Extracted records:
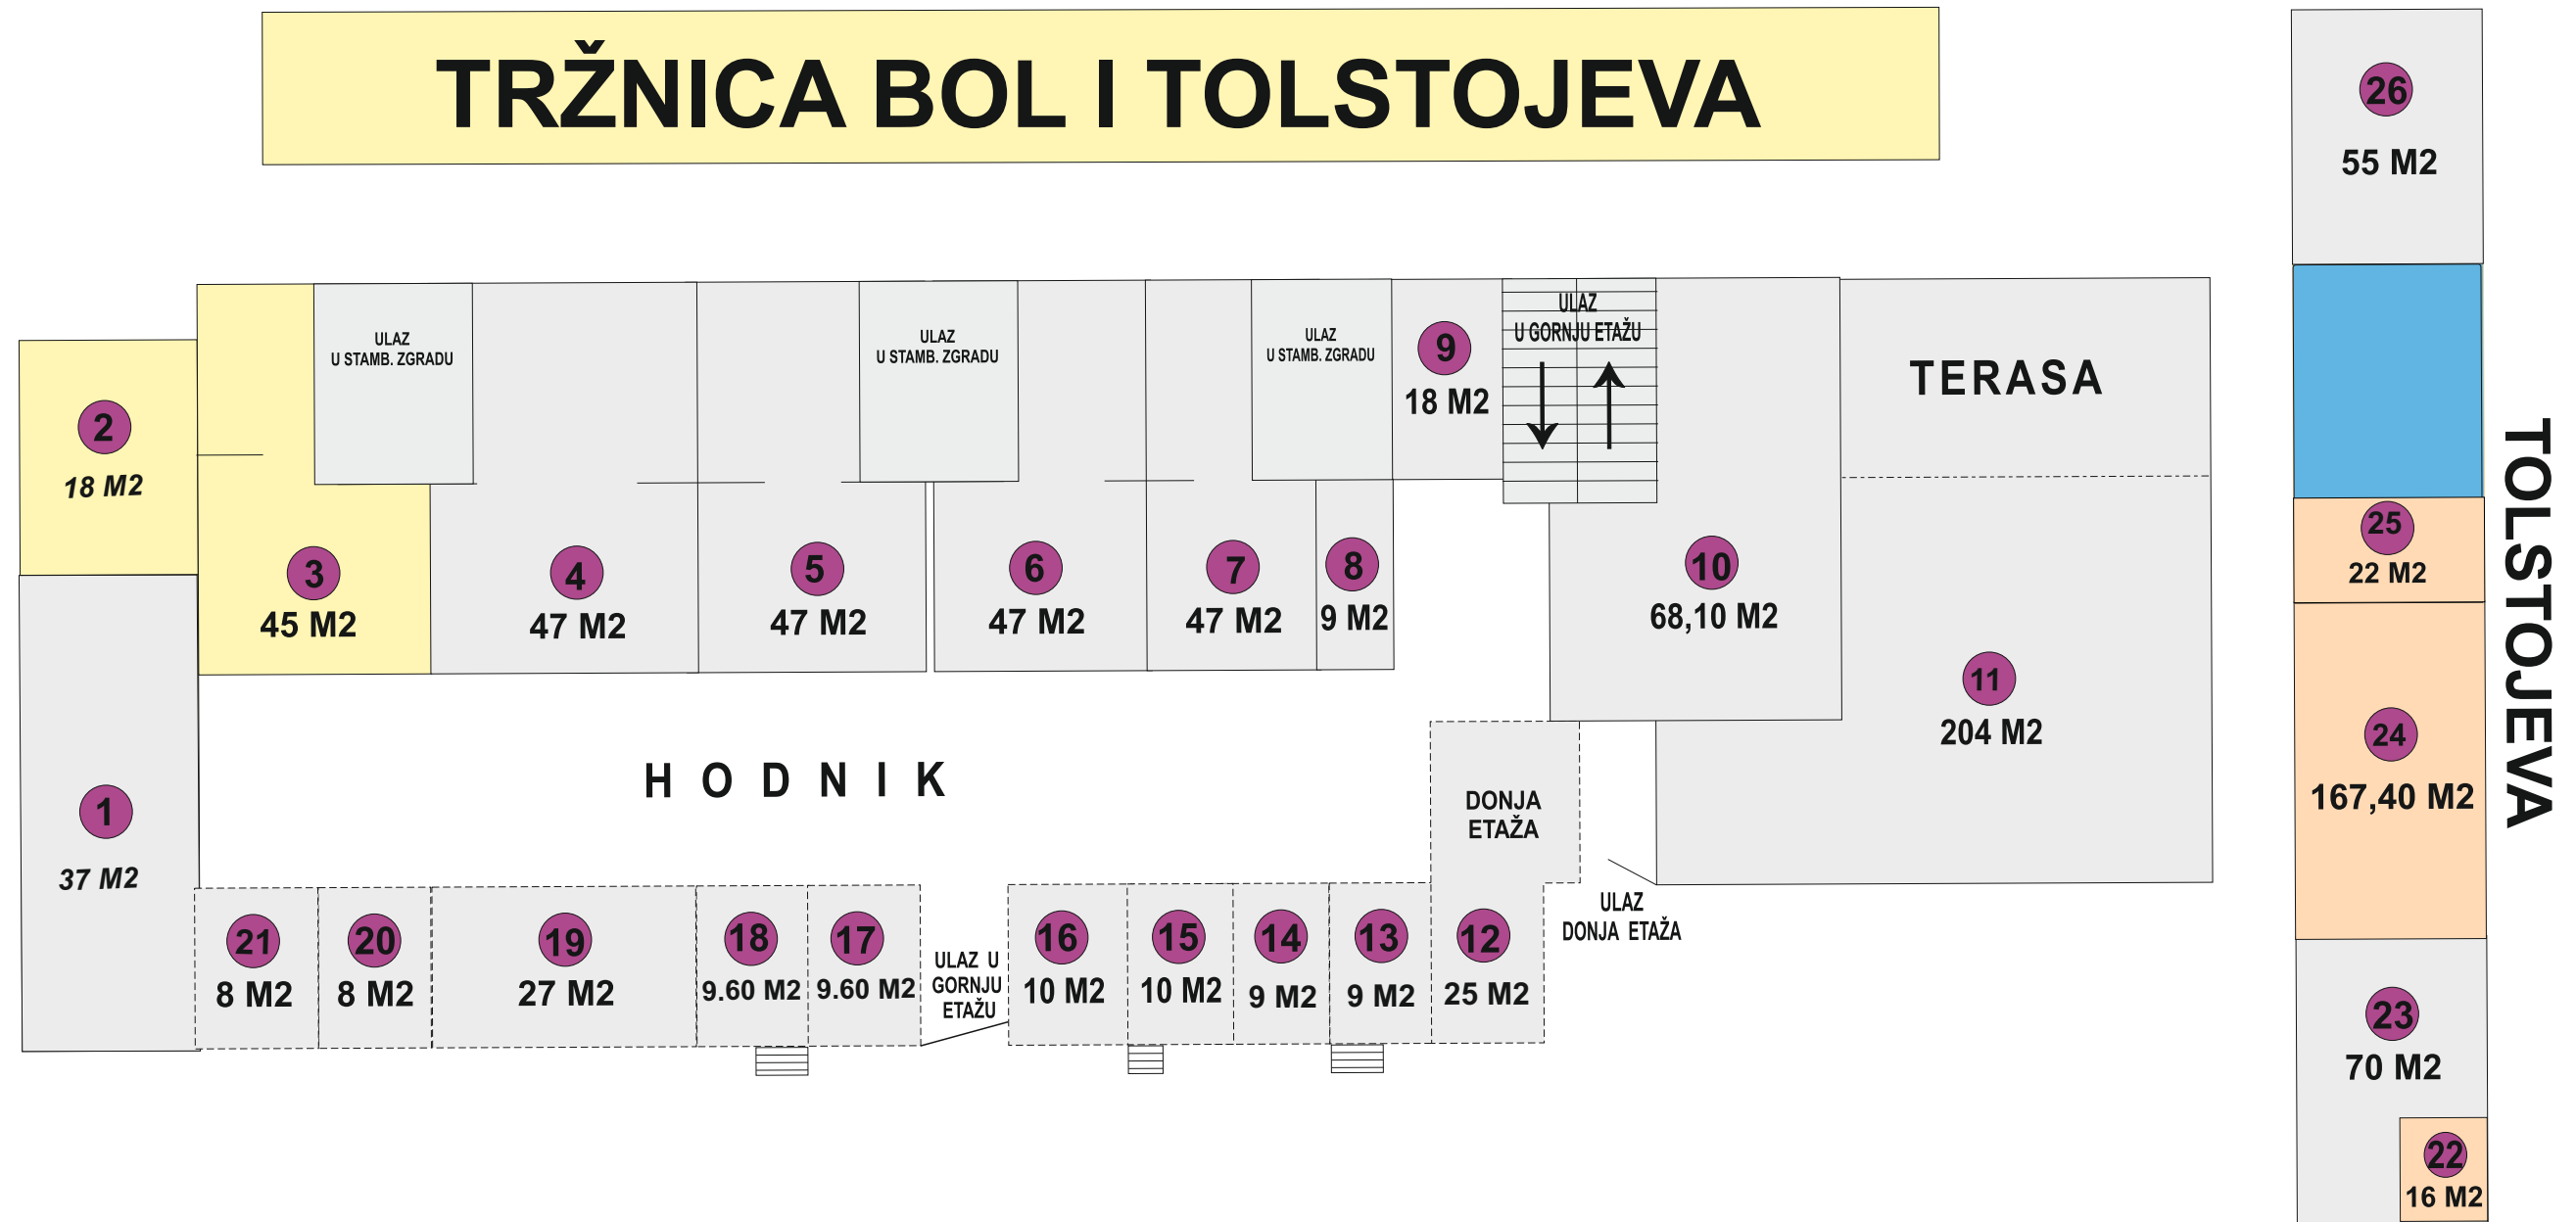

TRŽNICA SUĆIDAR

TRŽNICA BRDA

LEGENDA:

POSLOVNI PROSTOR (1-26) **481,99 M²** PRODAJNI ŠTAND (1-56) **56 M²** **UKUPNO 548,22 M²**

- POSLOVNI PROSTORI (iznajmljeni)
- POSLOVNI PROSTORI (neiznajmljeni)

TRŽNICA BOL I TOLSTOJEVA

MAŽURANIĆEVO ŠETALIŠTE

LEGENDA:

POSLOVNI PROSTORI

POSLOVNI PROSTORI (Tolstojeva)

TRŽNICA TABLE

LEGENDA:

PLASTIČNI STOL (1-160) 84 M² POSLOVNI PROSTORI (1-19) 84 M² LOKACIJE ZA ŠENTADE (1-9) 104 M² ŠTEKATI A, B, C 100 M²
UKUPNO 188 M²

POSLOVNI PROSTORI (iznajmljeni)

KIOSCI (neiznajmljeni)

GLAVNA TRŽNICA - NADHODNIK

LEGENDA:

- PROSTORI - KIOSCI - iznajmljeni
- PROSTORI - KIOSCI - neiznajmljeni

• DIRECTIONS FOR THIS TASK
Scan the data above and copy every line with "neiznajmljeni" in it.

• EXERCISE ANSWER
- POSLOVNI PROSTORI (neiznajmljeni)
KIOSCI (neiznajmljeni)
- PROSTORI - KIOSCI - neiznajmljeni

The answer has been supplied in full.